Root Cause Analysis - What is really the problem? Methods

Root Cause Analysis - What is really the problem? Methods

     In this sixth segment of this series, we will address "methods" as a reason or reasons you may not be hitting your goals. The previous articles covered these other factors: environment, people, materials and equipment as possible reasons you may not be hitting your goals.

Method is defined as: a particular form of procedure for accomplishing or approaching something, especially a systematic or established one, or how one goes about getting the work completed. We will continue investigating our car sales work. There are many sales techniques, strategies and methodologies to close the deal on selling cars. So, let's look at some methods that could be modified in order to increase your sales of cars.

  • There is limited parking for customers, so most prospective buyers start at the office doors
    • Solution: Depending on your car dealer's philosophy, you may want to start with prospective buyers at your desk, asking questions, or on the lot, looking at the inventory on your property. It would be wise to track which method is more effective. So, tracking the success of desk first, or lot first, would change your method of where you begin your sale process.
  • The objections from prospective buyers decrease your sales quota
    • Solution: Consider changing your objections-resolution approach. One effective method to overcome objections is rehearsing or role-playing objections responses. The method or technique change is simple; rehearse so much that your response is a habit, a muscle-memory behavior. You'll be closing deals, like nobody's business.
  • Prospective customers get impatient waiting on negotiations and/or financing
    • Solution: Change procedures to process negotiations in a quick and efficient manner. Put in place strategic and methodological creature comforts for the customer, minimizing the annoyance of waiting for the process to end for the purchase of their new car. 
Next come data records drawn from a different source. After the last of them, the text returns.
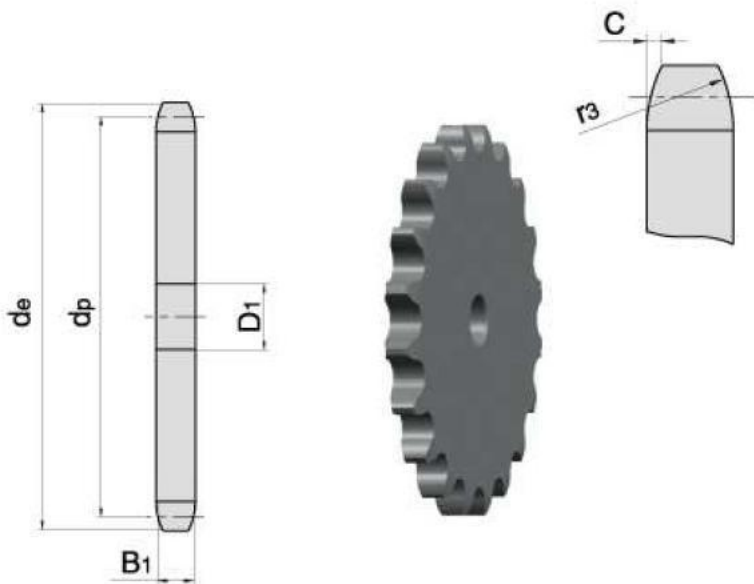

Link do produktu: <https://www.sklep.rai-bud.pl/zebatka-12-x-z42-koło-łańcuchowe-p-125.html>

Zębatka 1/2" x Z42 koło łańcuchowe

Cena brutto **98,70 zł**

Cena netto **80,24 zł**

Czas wysyłki **Natychmiast**

Numer katalogowy **1/2 Z42**

Kod producenta **1/2 Z42**

Opis produktu

PARAMETRY	
ILOSC ZĘBÓW	42
WYMIAR/ŚREDNICA de[mm]	175,4
WYMIAR dp[mm]	169,94
WYMIAR B1[mm]	7,2
WYMIAR D1[mm]	20

Although methods or procedural changes may be the least common area that goals are missed, they are still important. So many jobs include specific processes and methods. Many of these codified procedures have health and safety safeguards in place. Over time, these tried and true methods also include efficiencies and quality assurance. However, as technologies advance and new equipment or materials are introduced, methods will inevitably need changing. The folks closest to the work see how even one slight change or sequential maneuver can make all the difference and truly revolutionize the work flow, not only hitting the goal, but in many instances crushing the goal.